╭──

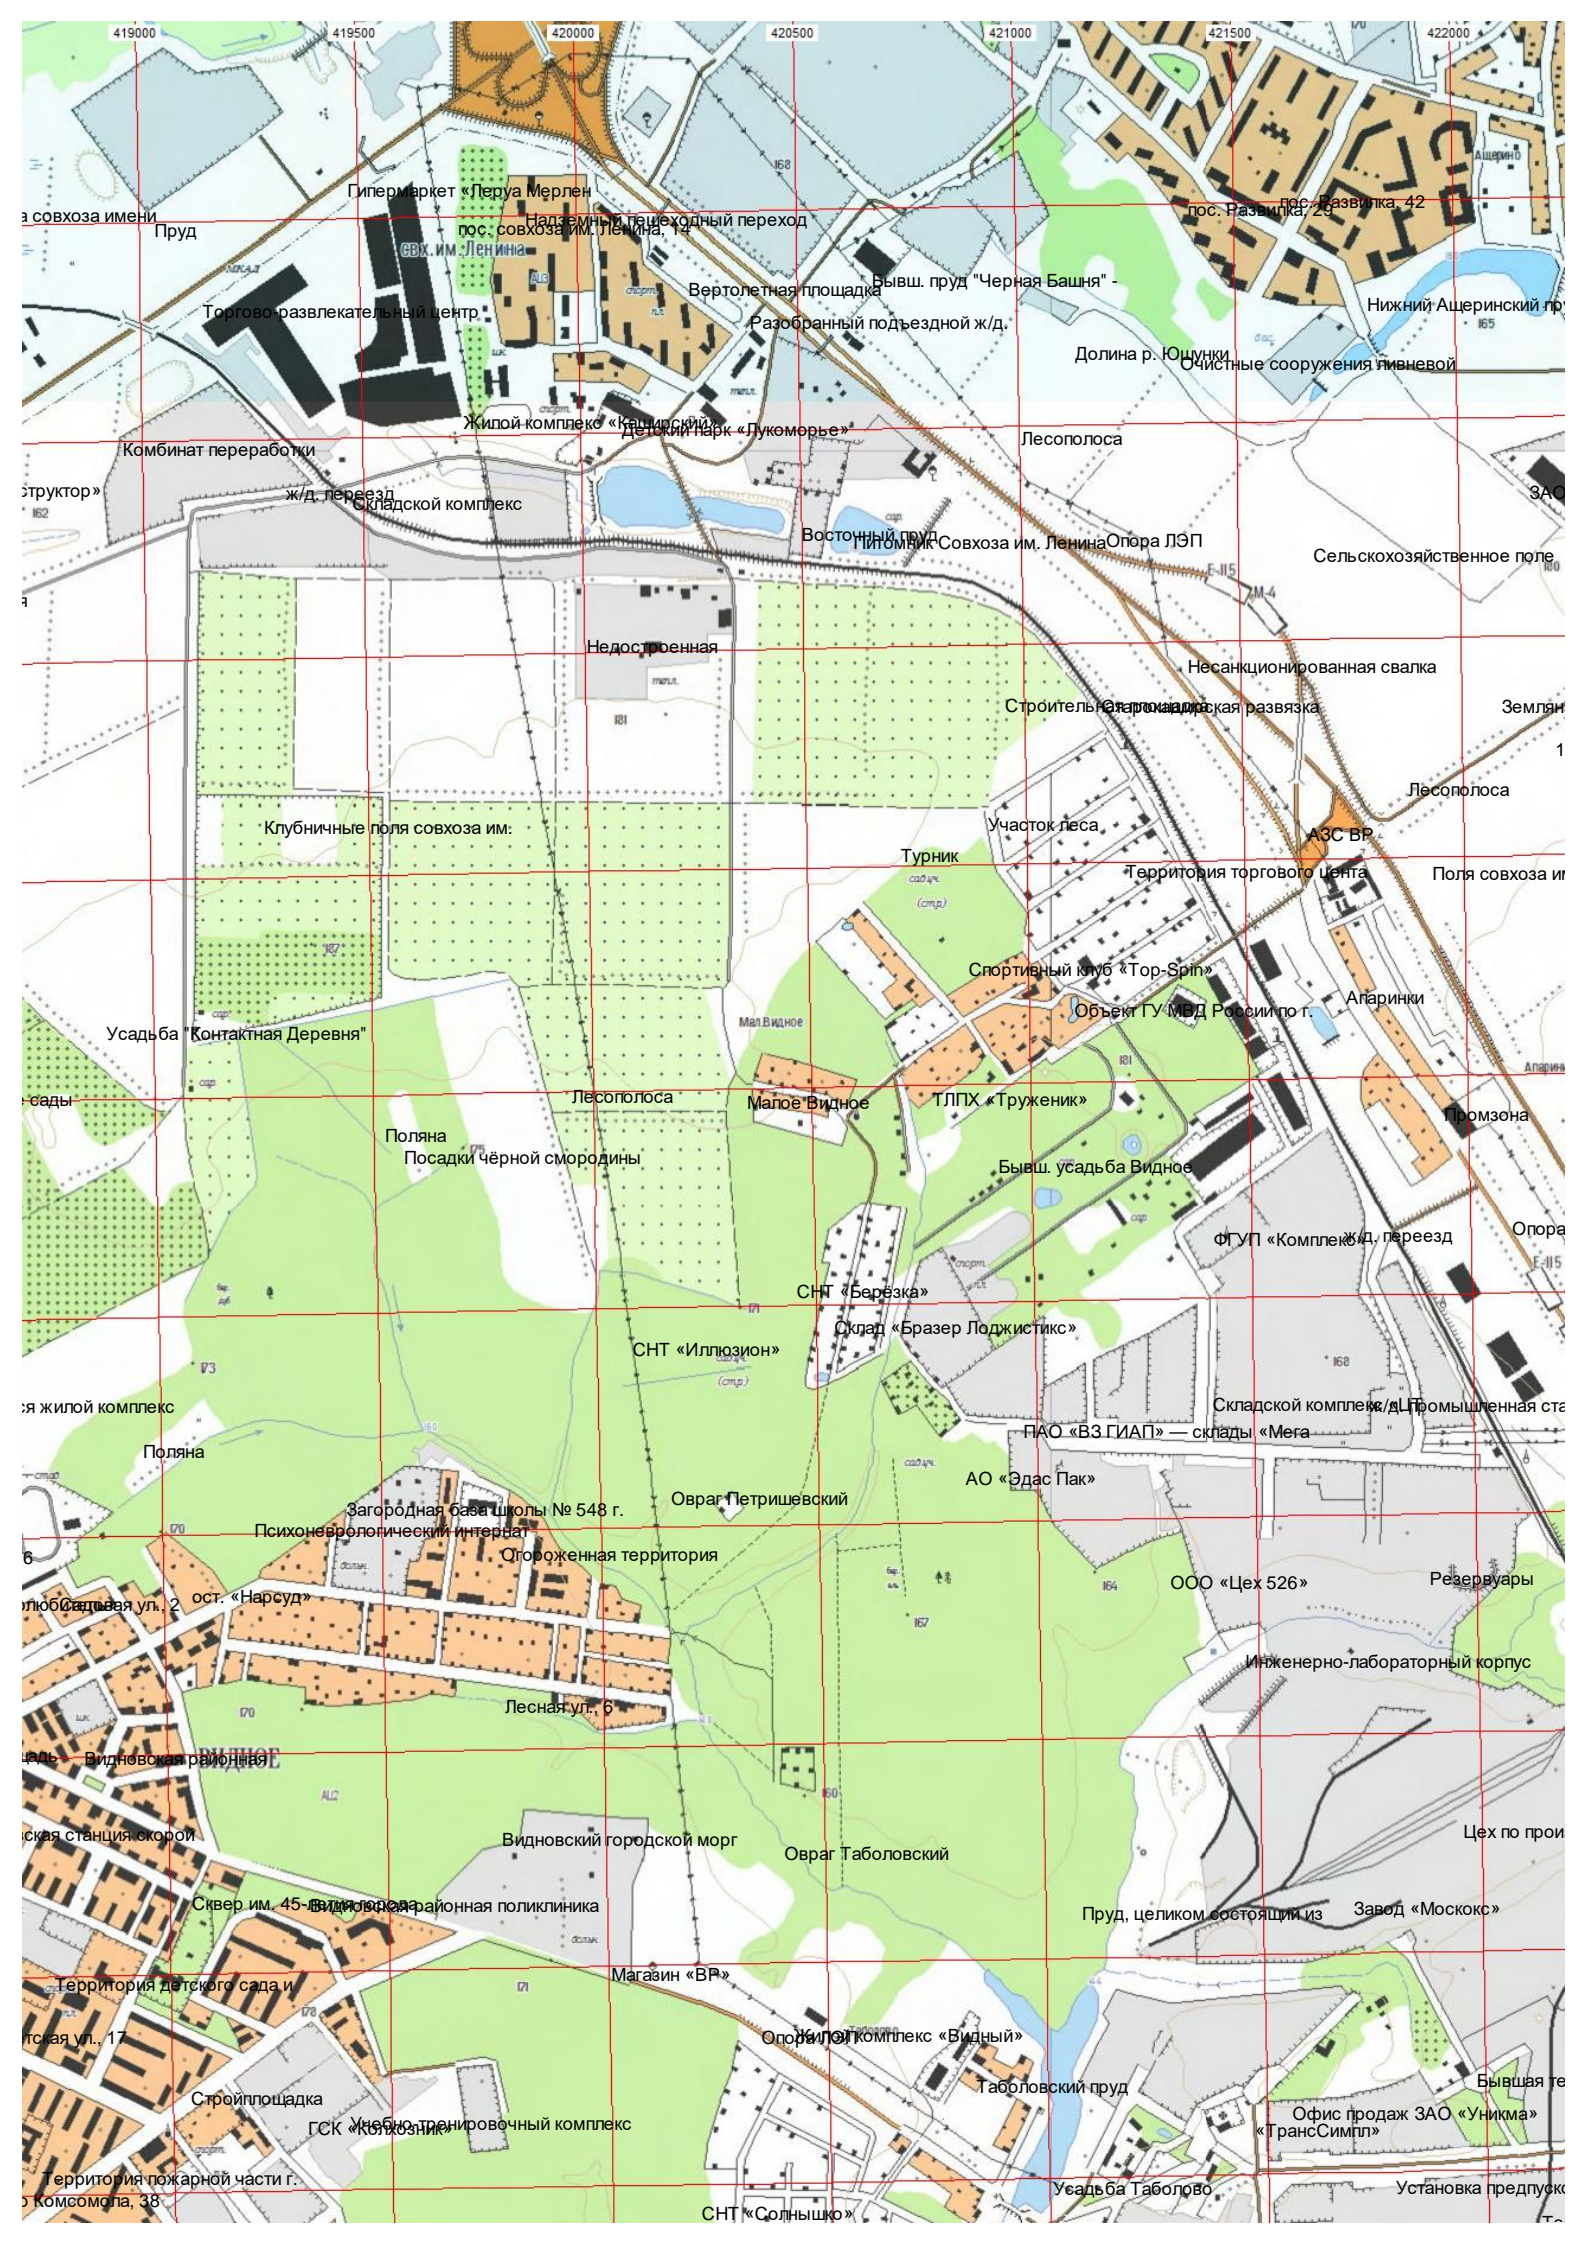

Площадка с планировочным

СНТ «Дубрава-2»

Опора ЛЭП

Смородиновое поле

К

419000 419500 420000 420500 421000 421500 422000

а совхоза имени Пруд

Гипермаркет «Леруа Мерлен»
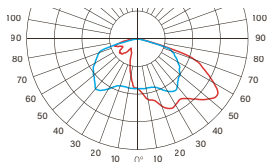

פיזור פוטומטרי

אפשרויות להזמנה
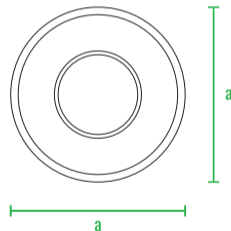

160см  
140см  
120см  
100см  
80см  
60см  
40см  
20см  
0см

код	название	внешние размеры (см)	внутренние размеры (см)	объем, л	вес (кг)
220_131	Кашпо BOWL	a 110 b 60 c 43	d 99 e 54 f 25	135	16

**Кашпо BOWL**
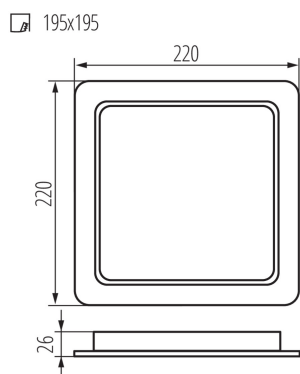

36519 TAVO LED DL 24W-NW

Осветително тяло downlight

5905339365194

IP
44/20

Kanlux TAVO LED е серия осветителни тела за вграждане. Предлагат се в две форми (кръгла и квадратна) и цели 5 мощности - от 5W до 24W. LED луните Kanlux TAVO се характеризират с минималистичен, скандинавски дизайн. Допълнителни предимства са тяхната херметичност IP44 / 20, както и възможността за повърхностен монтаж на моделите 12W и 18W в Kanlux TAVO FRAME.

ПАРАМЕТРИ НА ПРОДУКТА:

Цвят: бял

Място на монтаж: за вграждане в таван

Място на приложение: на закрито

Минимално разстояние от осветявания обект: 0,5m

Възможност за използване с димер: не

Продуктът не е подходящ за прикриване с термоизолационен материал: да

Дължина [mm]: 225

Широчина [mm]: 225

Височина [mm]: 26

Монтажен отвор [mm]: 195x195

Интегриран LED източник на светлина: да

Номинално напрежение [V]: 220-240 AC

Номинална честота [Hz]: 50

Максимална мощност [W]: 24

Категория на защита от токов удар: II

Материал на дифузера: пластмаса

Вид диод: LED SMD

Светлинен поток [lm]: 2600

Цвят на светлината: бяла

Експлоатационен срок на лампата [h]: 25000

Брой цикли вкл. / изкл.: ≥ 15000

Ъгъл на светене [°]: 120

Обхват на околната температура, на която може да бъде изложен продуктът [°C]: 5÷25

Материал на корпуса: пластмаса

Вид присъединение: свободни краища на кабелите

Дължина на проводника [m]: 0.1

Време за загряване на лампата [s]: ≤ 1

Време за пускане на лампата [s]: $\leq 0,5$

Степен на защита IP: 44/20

╰──

Activity:
Across the entries above, find each line with the word "Кашпо" and please copy it out.

Task response:
220_131	Кашпо BOWL	a 110 b 60 c 43	d 99 e 54 f 25	135	16
**Кашпо BOWL**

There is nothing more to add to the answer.